Despite the increasing pervasiveness of digital risks, many risk management programs are not maturing quickly enough to keep pace, according to AuditBoard’s 2022 Digital Risk Maturity Survey.
Today, enterprises are more digitally dependent than ever, investing heavily in digital transformation efforts to modernize, gain efficiencies, and adapt to the enduring environment caused by the COVID-19 pandemic. AuditBoard’s Digital Risk Maturity Survey sought to discover how enterprises currently undertake digital risk management by surveying more than 125 risk leaders across various industries about their approaches to navigating today’s dynamic risk environment.
3 key results of the survey:
1. Enterprises are maturing, but not fast enough
- While more than 90% of respondents have digital risk on their radar, only 30% are at a stage of maturity where they are actively mitigating digital risks.
- Over 69% revealed their organization is at an early stage of defining and assessing digital risks and not yet mitigating or monitoring them continuously.
- Fragmented audit, risk, and compliance practices are a key reason for lagging maturity. Respondents reported managing digital-related risks separately as part of IT/cybersecurity (32%), operational risk (11%), enterprise risk (31%), or other areas of risk management (18%).
- Meanwhile, 78% of respondents have placed ownership of digital risks with functions outside of business operations (such as IT or security), leading to the inappropriate categorization of these risks as technical or compliance-only and creating siloed risk management efforts. Security and risk teams may need to make changes to keep pace with management and board expectations to get ahead of digital threats.
2. Enterprises are struggling to generate reportable metrics to quantify digital risk
- 84% of respondents currently do not report measurable metrics to their management.
- Of the minority who claim to use reportable metrics, 89% describe the activity as measuring only one component of digital risk, such as technology or fraud.
- The results indicate that most enterprises have not yet reached the level of maturity to capture the metrics needed for continuous risk monitoring throughout their digital transformation journey, despite the critical importance of analytics to a successful risk management program.

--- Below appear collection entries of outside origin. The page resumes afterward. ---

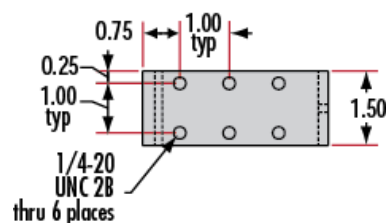

Dovetail Optical Rail Systems are designed for easy and stable installation and positioning of various optical components along the same axis. The rails feature slotted holes that allow them to be fixed to standard 1/4-20 TPI and M6 breadboards or optical tables. Carriers are available with different lengths and hole patterns to meet various mounting needs including options that are directly compatible with our [TECHSPEC® Manual Stages](#) for precision alignment. Carriers utilize a unique two-piece design to prevent the locking screws from contacting the rail and to allow easy attachment and removal. All Dovetail Optical Rail System parts are constructed of black anodized aluminum to minimize stray reflections or glare.

Note: Rails and carriers are sold separately.

Technical Information

Side Profile of Rail System

Large Carrier #55-340

Small Carrier #54-403

Medium Carrier #55-339

Large Carrier #55-404

Medium Carrier #55-341

Common Side Profile

Stock No.	L	A	B	C	D	# Slots	# C'bores
#54-401	12	6	4	—	—	3	—
#54-402	36	18	16	4	6	5	2

Dovetail Optical Rail

Units: inches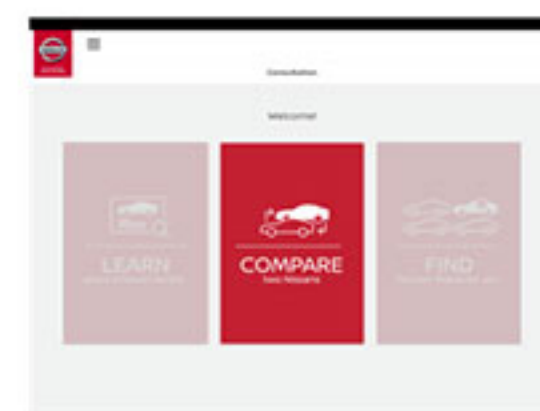

Consultation Compare Flow

Click Compare Tab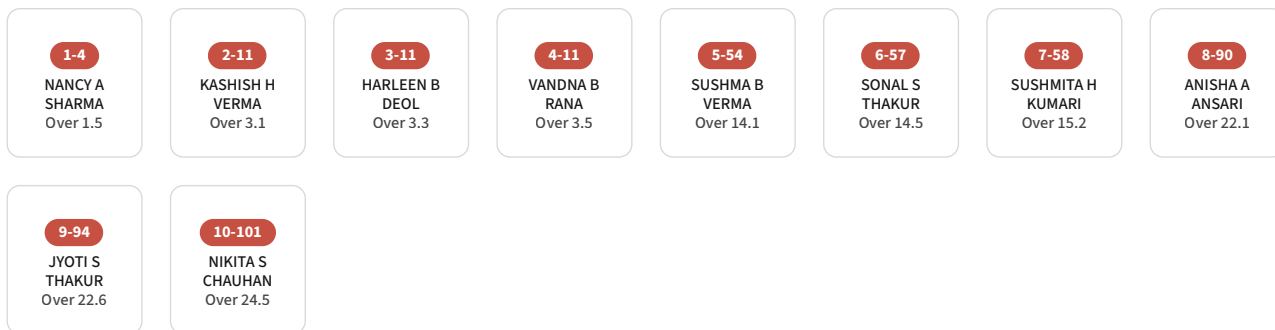

14 DEC 2024 | 08:45 IST

Last 12 Deliveries

Scorecard

Squad

Wagon Wheel

Manhattan & Worm

HIMACHAL PRADESH 1st Inns J & K 2nd Inns

Table with columns: #, Batters, R, B, SR, 4'S, 6'S. Lists players like KASHISH H VERMA, NANCY A SHARMA, HARLEEN B DEOL, etc.

Total

101/10 (24.5 Ov)

Extras : 17

(Nb 0, W 12, B 0, Lb 5 , P 0)

CRR : 4.07

HIGHEST P'SHIP : 43

Fall Of Wickets

Bowlers

Table with columns: Bowlers, O, M, R, W, E/R, D. Lists bowlers like Sarla Devi, Bismah Hassan, Rubia Syed, etc.

Partnerships

Partnership - 4 (11)

Kashish H Verma

Nancy A Sharma

MATCH CENTER

SENIOR WOMENS ONE DAY TROPHY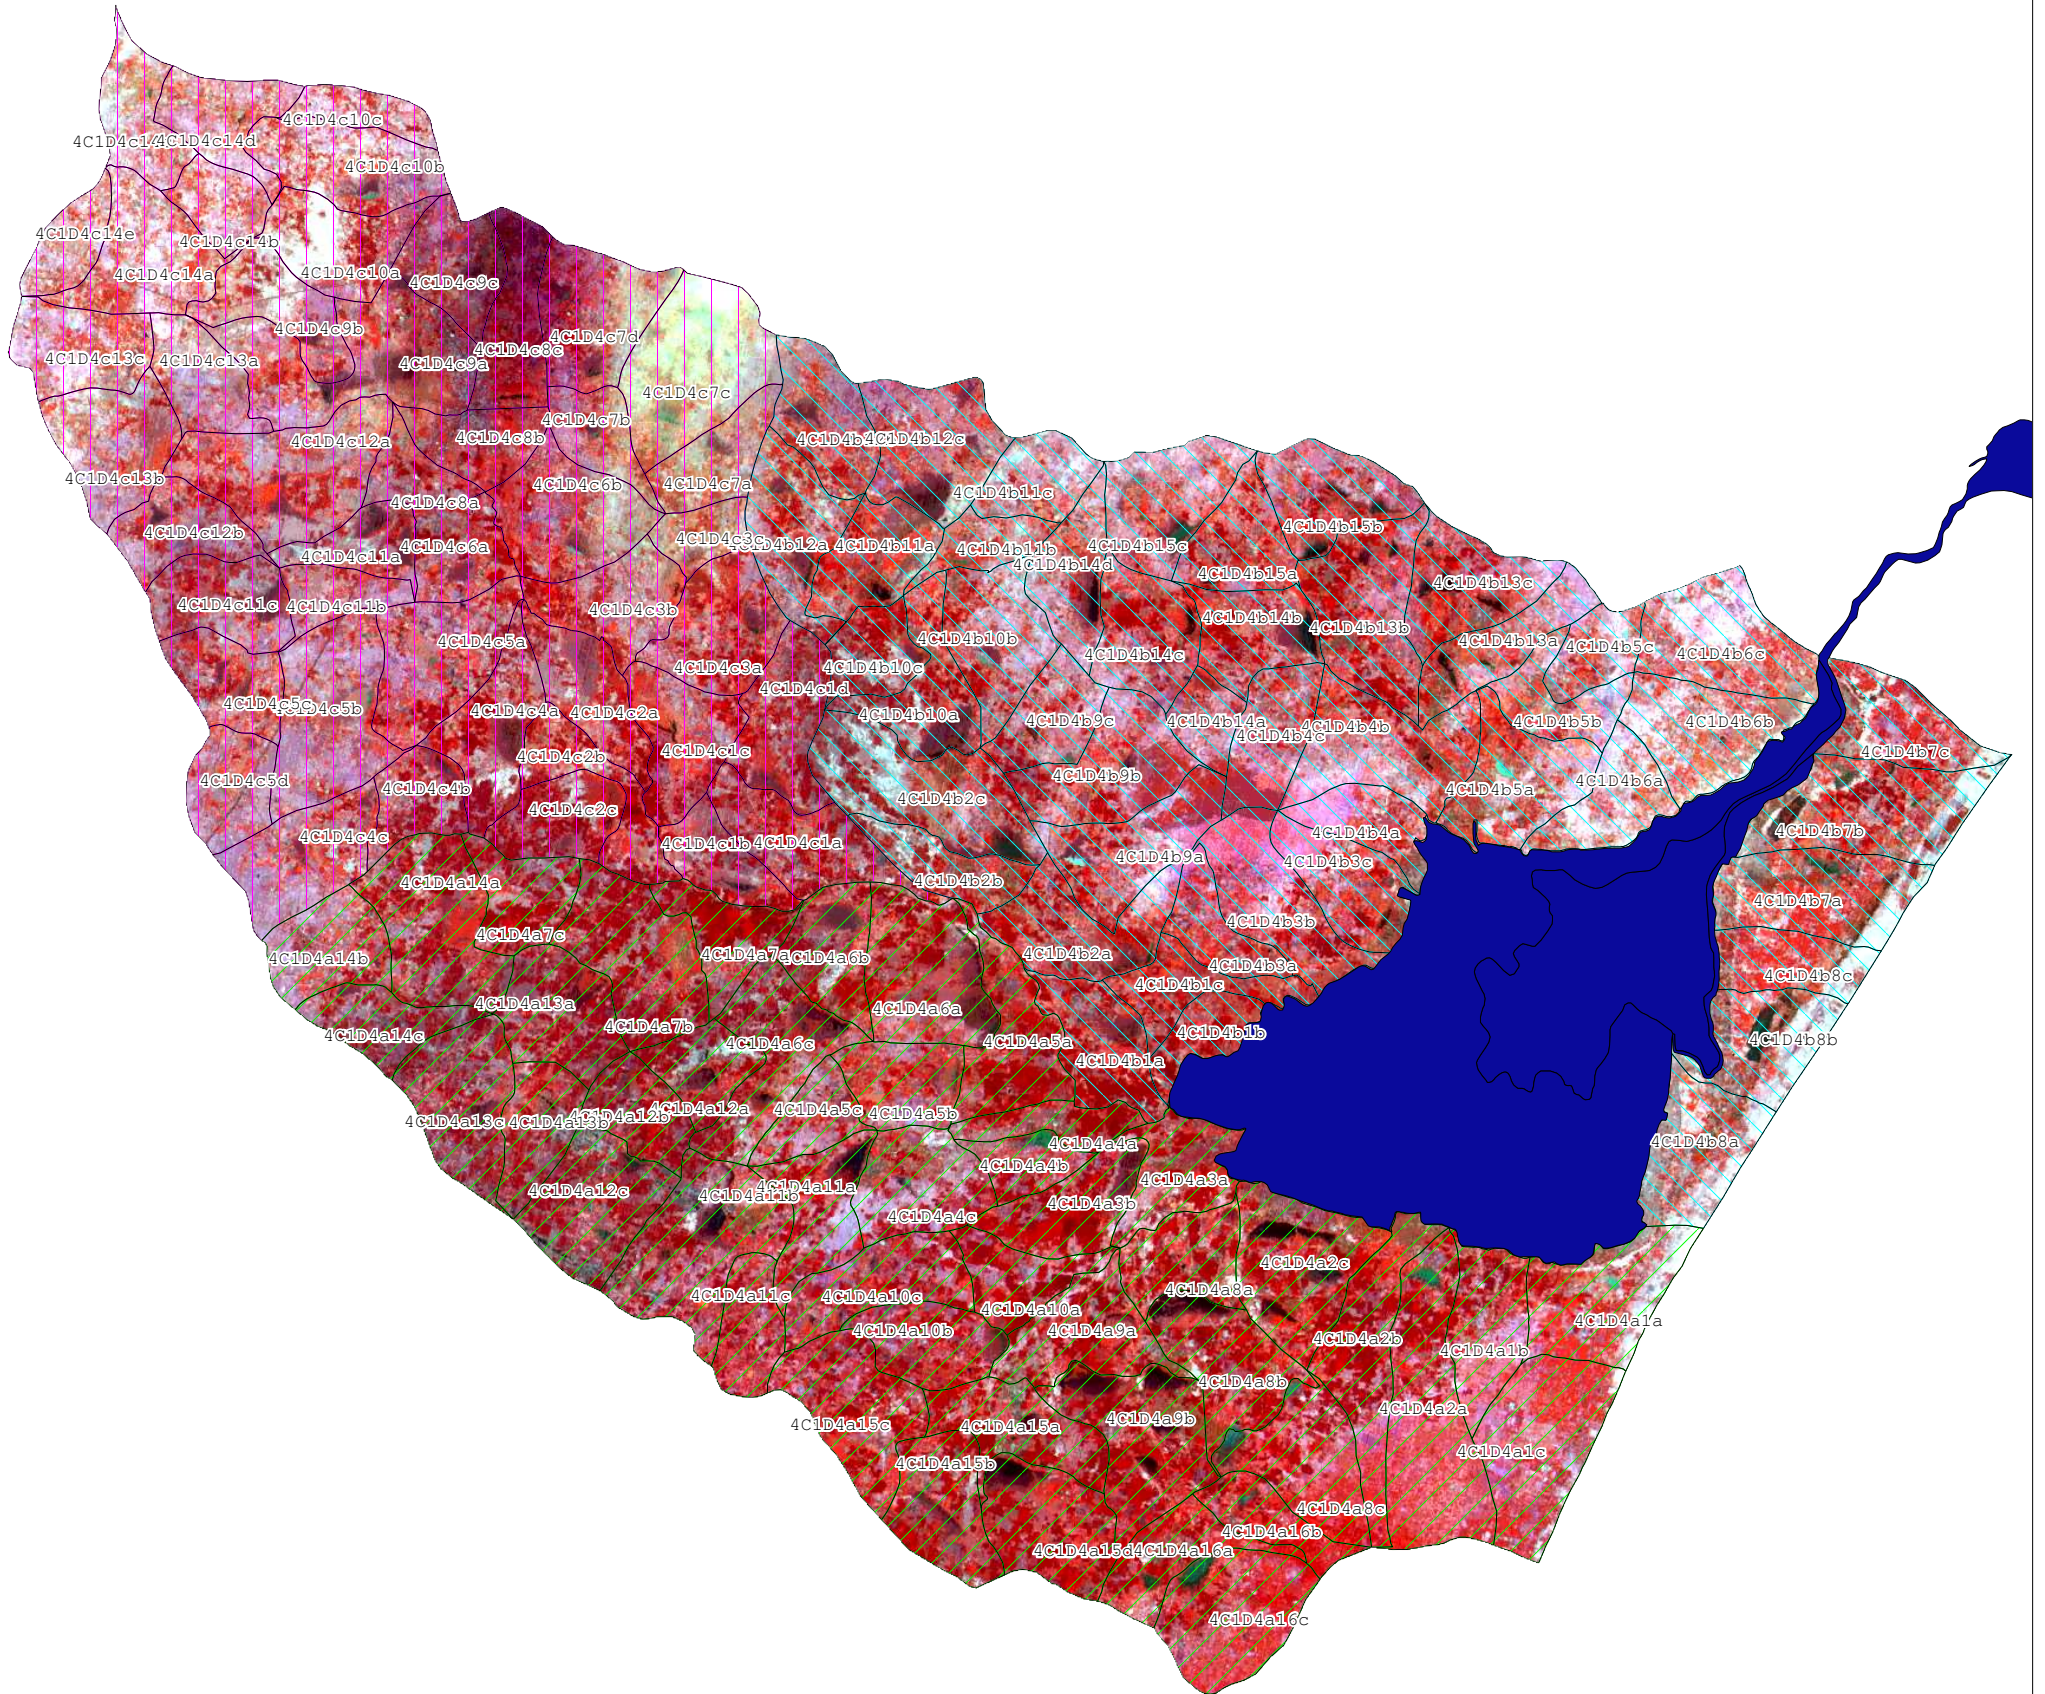

Hydrological Delianations of the Kalivelli Watershed

APPROXIMATE SCALE 1:160000

Legend

- Sub-watershed 4C1D4a
- Sub-watershed 4C1D4b
- Sub-watershed 4C1D4c
- Micro-watershed boundaries
- Kalivelli Lake

3. Investing in risk management technology is essential to keep pace with expanding digital risks
- While 38% of respondents said they manage digital risk manually using spreadsheets, shared drives, and email, over half (51%) reported using some form of risk management software.
- Of those leveraging technology, 32% report using cloud-based risk management software. Analyzing data provided either directly by a third party or indirectly through an independent data source is essential for such a complex risk environment.
- This underscores the importance of cloud-based technology, whose integration capabilities ensure the transfer of large amounts of data between systems.
From the boardroom to the C-suite, business leaders must make digital risk management a top priority to safeguard their success, says John Wheeler, former Gartner IRM Analyst and Senior Advisor, Risk and Technology at AuditBoard. “To achieve better visibility and understanding of strategic, operational, and technology risks across the business landscape, enterprises must adopt an integrated risk approach supported by the right technology — allowing them to accelerate program maturity and actively manage digital risk in today’s increasingly volatile environment.”